Statutory reinstatement: pay arrears (principal + interest actually in default), delinquent taxes/insurance, costs of publication/service, and limited attorney fees at any time before the sale; the mortgage is fully reinstated and the foreclosure abandoned. Minn. Stat. 580.30
Before the sale: Reinstate for arrears only (580.30) or pay off in full any time before the sale; notice of sale must be published 6 weeks and served on the occupant ≥4 weeks before the sale (580.03).
After the sale: REAL redemption: 6 months from the sheriff's sale for the typical home (12 months ag/>10 acres/reverse mortgages; 5 weeks if abandoned). Owner keeps possession and redeems for sale price + interest (580.23; 582.03). Minn. Stat. 580.23 · Minn. Stat. 580.30 · Minn. Stat. 582.032
Through the last day of the redemption period — the homeowner retains title and possession after the auction and can sell the house during redemption, pay the (sale-price-based) redemption amount at closing, and keep the surplus equity.
Want the fuller picture beyond the dates? Read the Minnesota foreclosure guide — timeline, rights & options.

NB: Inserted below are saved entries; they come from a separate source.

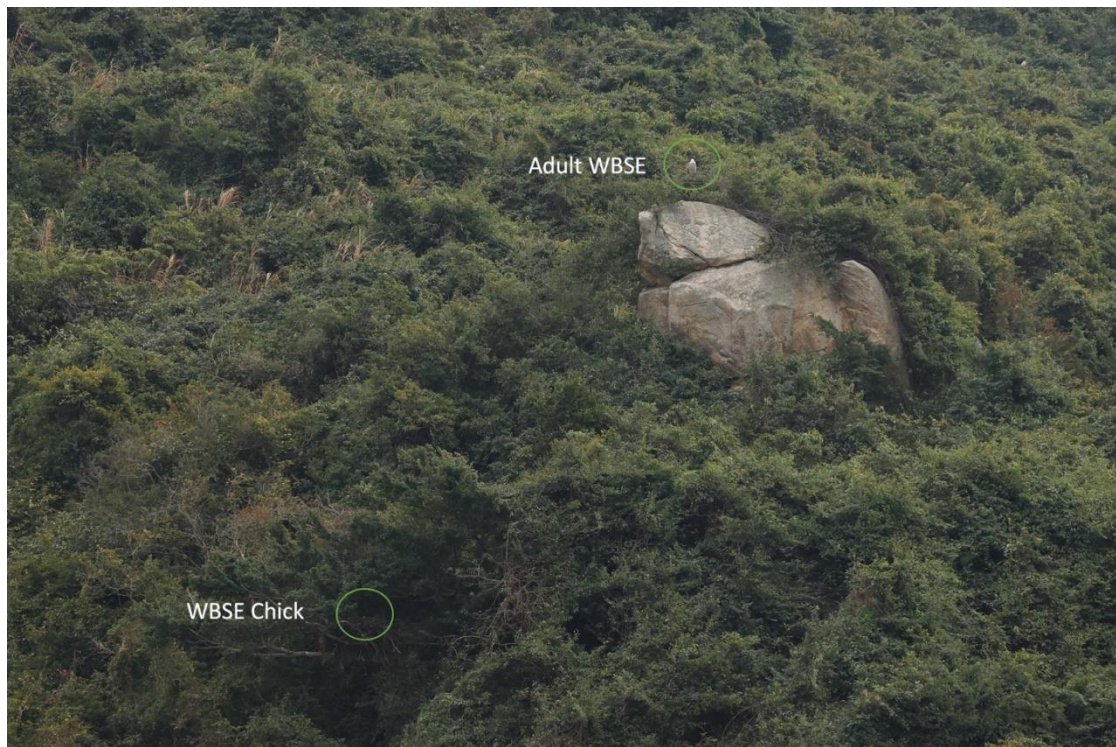

Appendix H Photo Records for White-bellied Sea Eagle Monitoring

Photo Plate for 43rd Monthly WBSE monitoring

Adult WBSE staying in new nest for incubation on 13 January 2022

Adult WBSE recorded near the new nest area on 27 January 2022

Photo Plate for 44th Monthly WBSE monitoring

Adult WBSE staying next to the nest and chick was record inside the nest on 24 February 2022

Adult WBSE staying next to the nest on 24 February 2022

WBSE Chick record inside the nest on 24 February 2022

Property taxes: after the county gets a tax judgment, the owner generally has THREE YEARS from the tax-judgment sale to redeem before absolute forfeiture to the state (shorter 1-year periods for certain targeted/non-homestead classes). Minn. Stat. 281.17; ch. 281-282
Practitioner estimate: ~2-3 months from first publication to sheriff's sale (after any pre-foreclosure notice/mediation requirements), then the 6-month redemption — roughly 8-9 months from start to move-out for a typical owner-occupant. (Practitioner estimate, not a statute.)
If your mortgage predates your military service, the federal SCRA generally requires a court order to foreclose during active duty and for 12 months after (50 U.S.C. §3953). These protections must be raised — tell the court and your counselor.